Martinez took another sip of whisky while he tried to make sense of Xi’s words. “You’re saying,” he said carefully, “that Captain Fletcher was a kind of imitation human being.”

“People realize themselves in adversity,” Xi said, “or by encountering opposition, or through the negative consequences of their decisions. For Fletcher there was no opposition or adversity or negative consequences. He was given a part and he played it, more or less convincingly.” Xi lowered his head and contemplated the whisky glass that rested on his potbelly. “He never questioned his role. I often wish that he had.”

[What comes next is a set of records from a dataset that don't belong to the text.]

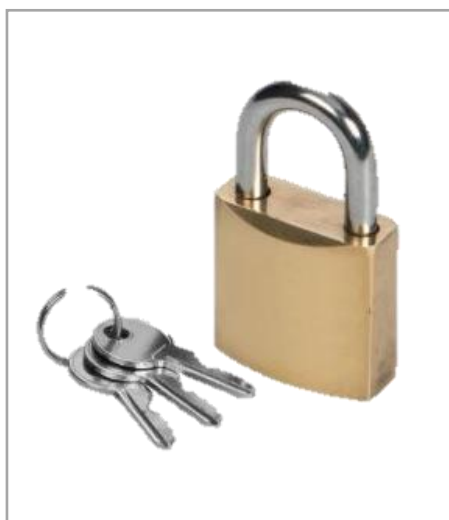

CADEADOS

CATALOGO 5

Versão 3.1

ABRIL / 2022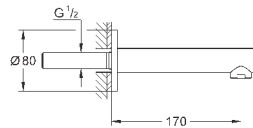

13 280 001

хром

96,00

Concetto

Излив для ванны

настенный монтаж

GROHE StarLight хромированная поверхность

аэратор

внешняя резьба 1/2"

минимальное давление 1,0 бар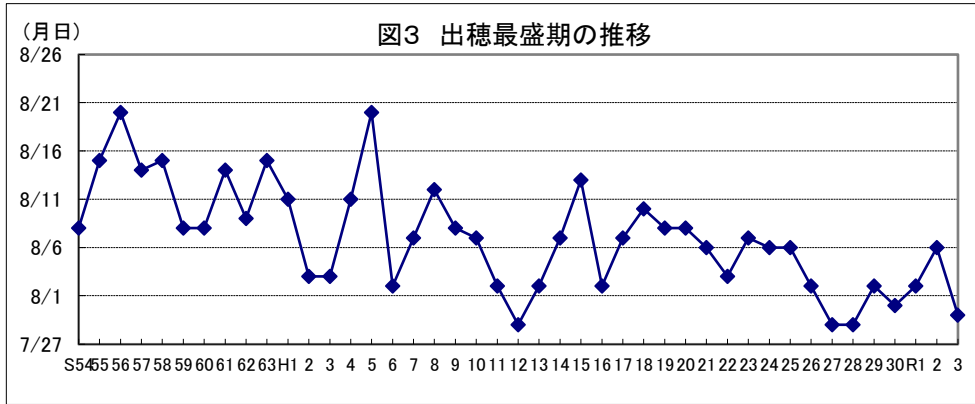

令和4年産水稻の10a当たり平年収量に係る 生産事情のグラフ

令和4年3月16日

農林水産省

北海道

資料：『作物統計』（以下同じ。）

注：気象庁の公表データを基に作成した。（以下同じ。）

資料：『作物統計』（以下同じ。）

注：気象庁の公表データを基に作成した。（以下同じ。）

資料：『作物統計』（以下同じ。）

注1：作付面積割合は関係機関等の情報から推計した。（以下同じ。）

注2：*印はもち米である。（以下同じ。）

青森

岩手

宮 城

秋田

山形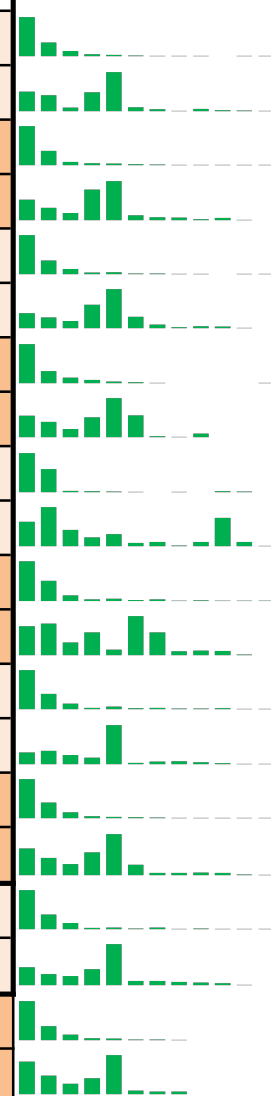

F.F.ECHECS Comparatif prises de licence saisons 2017-2026

BRE	Lic	Sept	Oct	Nov	Déc	Jan	Fév	Mar	Avr	Mai	Jun	Jul	Aou
S17	L.A.	867	300	117	41	26	11	10	3	4	0	1	4
	L.B.	209	171	47	202	406	50	29	14	32	20	16	15
S18	L.A.	818	298	68	39	35	19	14	5	4	5	1	6
	L.B.	220	133	76	328	417	52	31	27	10	25	2	0
S19	L.A.	799	280	109	31	41	14	16	1	7	0	1	2
	L.B.	173	125	82	271	450	132	42	12	22	17	4	0
S20	L.A.	840	256	117	72	36	23	7	0	0	0	0	1
	L.B.	213	151	82	198	388	217	9	3	35	0	0	0
S21	L.A.	596	355	21	13	10	4	0	2	0	16	8	0
	L.B.	103	164	68	37	51	14	18	3	18	119	18	1
S22	L.A.	734	373	107	33	45	17	29	8	10	5	1	1
	L.B.	216	236	95	170	42	292	170	29	33	32	5	0
S23	L.A.	944	371	131	34	63	24	28	17	12	22	3	2
	L.B.	275	314	218	157	928	34	58	71	47	21	10	3
S24	L.A.	1109	446	167	56	35	31	16	4	7	6	7	2
	L.B.	456	298	190	388	703	177	37	40	43	39	12	2
S25	L.A.	1189	447	187	42	51	18	45	10	15	8	7	10
	L.B.	429	266	214	380	977	97	103	81	63	43	1	0
S26	L.A.	1433	511	199	76	61	26	26	14	0	0	0	0
	L.B.	756	428	243	367	905	80	63	60	0	0	0	0

S22 => Saison 21-22

Martinez put his glass on the table. It made more noise than he intended, and Xi gave a start.

“There were no negative consequences for Fletcher,” he said, “until he killed Engineer Thuc.”

Xi said nothing.

“Was that something he did to fill his empty hours?” Martinez asked. “Cut a man’s throat?”

Xi peered at Martinez from under his white eyebrows, his dark eyes glittering. “I asked him, you know. The day it happened, at Lady Michi’s request. I believe she was hoping I could find Captain Fletcher insane and she could remove him from command.” He made the pursing movement of his lips. “I disappointed her, I’m afraid. Captain Fletcher was perfectly rational.”

Martinez tried to avoid shouting. “So why did he kill Thuc?” he demanded.

Xi licked his lips quickly. “He said that he killed Engineer Thuc because the honor of theIllustrious demanded it.”

Martinez stared at him. Words died on his tongue. He took a drink. “What did he mean by that?” he managed finally.

Xi shrugged.

“Were you his friend?”

Xi shook his head. “Gomberg didn’t have any friends aboard. He was very dutiful in the way he kept to his sphere, and he expected others to keep to theirs.”

“But you followed him.”

Xi smiled lightly and rubbed his thigh with his hand. “The job has its compensations. My practice on Sandama was successful but dull, and it turned me so dull that my wife left me for another man. The children were nearly grown. When young Gomberg got his first command and made his offer, I realized I hadn’t ever seen Zanshaa, or the Maw, or Harzapid Grand Market. Now I’ve seen all those things, and a lot more besides.”

Martinez felt a sudden flash of anger. All these questions had done nothing but draw him further into the riddle that was Lord Gomberg Fletcher, and the only thing he really cared about the captain was who had killed him. He didn’t even care why, he just wanted to find out who’d done it, and deal with that as efficiently as possible.

“What is that thing in Fletcher’s sleeping cabin?” Martinez asked. “The man tied to the tree?”

A half-smile played on Xi’s lips. “A part of his collection that could not be shown to the public. Captain Fletcher had a special license from the Office of the Censor to collect cult art.”

Martinez was speechless. Cults were banned for the public good, and were defined in the Praxis as any belief or sect that made irrational or unverifiable claims about the universe. Banned as well were any art such cults had managed to inspire. Generally such work could only be seen in the Museums of Superstition that had been erected in the major cities of the empire.